Anyone can now verify from the audio recording and transcript that the imprisoned journalist reported the statements accurately. How can you jail a journalist for three tweets that were “not in any way defamatory,” as the CFI finally acknowledged and everyone can confirm for themselves? In a country where the advent of the 2018 digital law has been as source of concern for the press and for online news and information providers, the statements made by the prosecutor were news. By reporting them, Sossou was just doing his job.

This is the first time that a journalist in an ECOWAS member country has been imprisoned for using social media to correctly report comments made in public. As Reporters Without Borders (RSF) has said, this “precedent is extremely dangerous.” The shockwaves from this journalist’s detention have been felt far beyond Benin’s borders.
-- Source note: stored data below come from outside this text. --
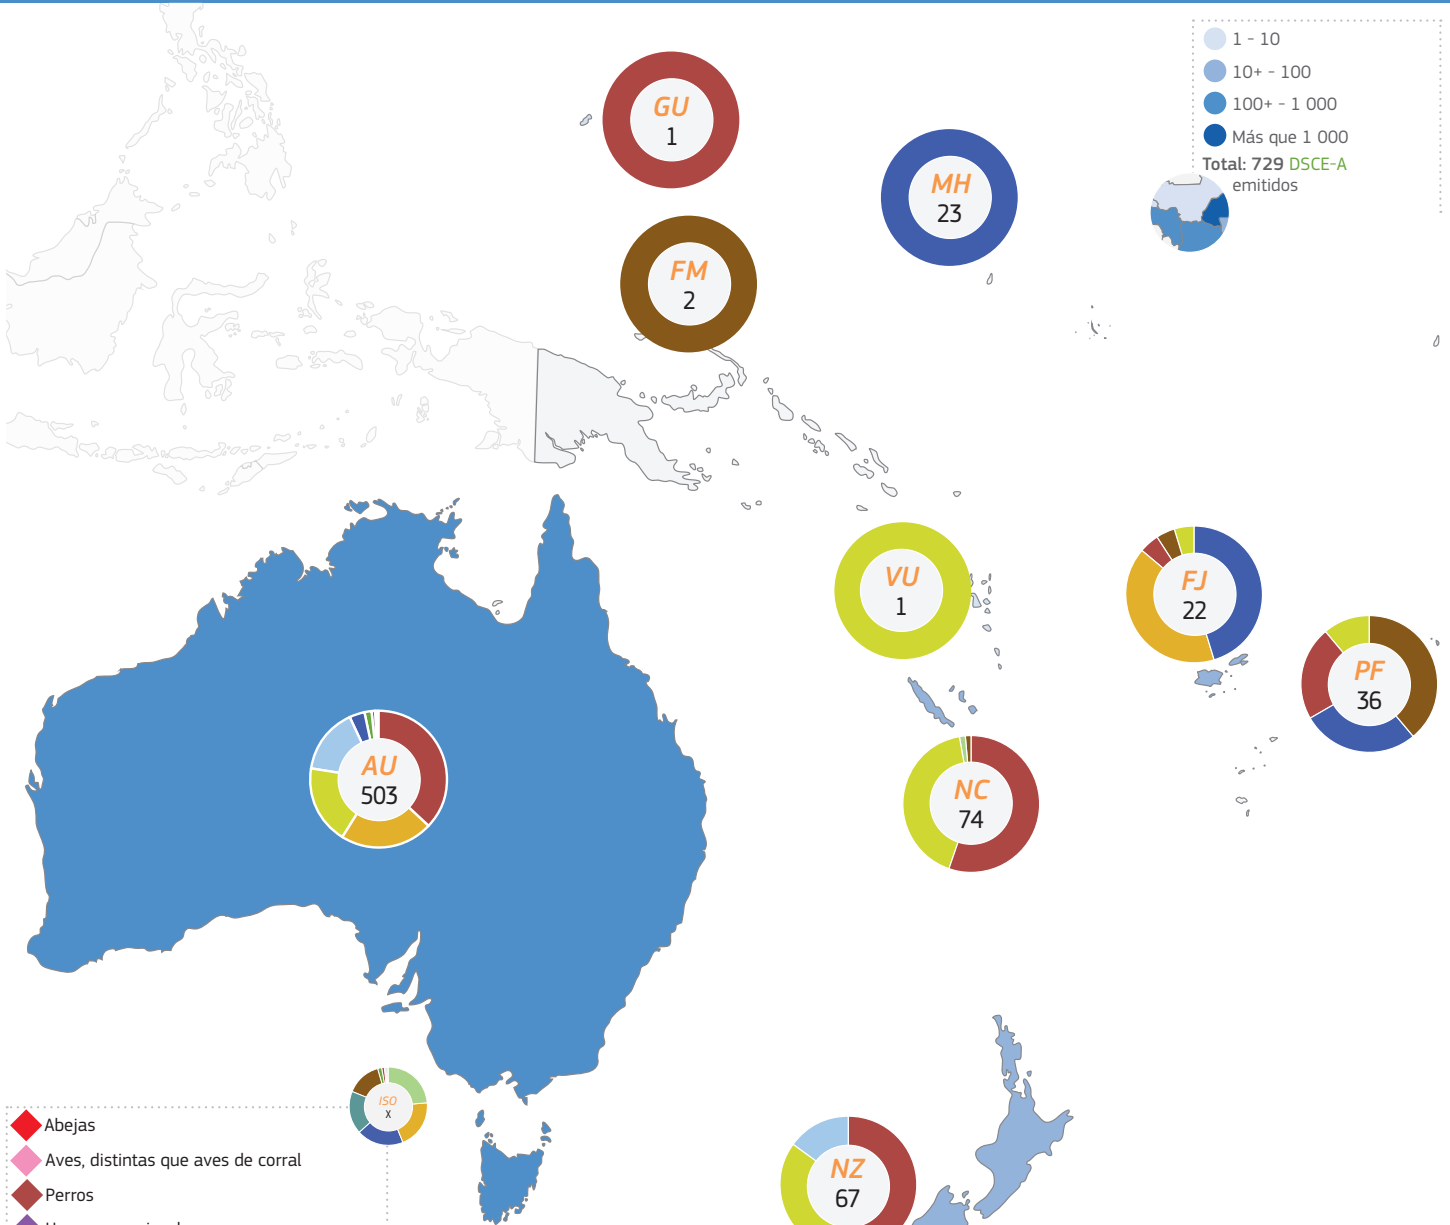

# 2022

TRAdE Control and Expert System (TRACES)

Oceanía | **DSCE-A emitidos**

- ◆ Abejas
- ◆ Aves, distintas que aves de corral
- ◆ Perros
- ◆ Huevos para incubar
- ◆ Caballos otros que los destinados al matadero
- ◆ Insectos, distintos de abejas
- ◆ Animales vivos distintos de los mamíferos, aves, reptiles, insectos e animales acuáticos
- ◆ Invertebrados acuáticos vivos, excepto los crustáceos y moluscos
- ◆ Crustáceos vivos
- ◆ Peces vivos
- ◆ Moluscos vivos
- ◆ Otros mamíferos
- ◆ Reptiles
- ◆ Caracoles distintos de los caracoles de mar

Throughout the world, including in other West African countries, laws passed in the name of combatting disinformation, hate messages, cybercrime and terrorism can be used to restrict free speech and imprison journalists.

IgnaceSossou did nothing wrong as a journalist. But these three tweets have been treated as cyber-harassment. This journalist has been punished under a law, the digital law, which is not the law that is intended to regulate media activity.

His imprisonment does no credit to Benin, one of Africa’s most stable democracies, one that courageously decriminalized press offences, nor to the current government, although it spearheaded the decriminalization of press offences and, during the UN General Assembly, supported the Information and Democracy Initiative launched by RSF in November 2018.

More than two months after his arrest, and now that the proof of his innocence is publicly available, every day that IgnaceSossou continues to spend in prison is prejudicial to Benin’s democratic reputation and to the record of President Patrice Talon, whose determination to combat disinformation, especially on social networks, we share. This is an issue for all the world’s countries. We are convinced that it can be addressed without restricting freedom of information.

President Talon’s government has a duty to honour the decision by Benin’s parliament in 2015 to decriminalize press offences. He will show himself worthy of this decision by using all of the powers available to him as president to free this journalist, whose imprisonment is one of the worst judicial and political errors of these years of democratic renewal in Benin and a major setback in the fight by journalists throughout the region, from Dakar to Cotonou, to ensure that media personnel are no longer jailed for ordinary press offences.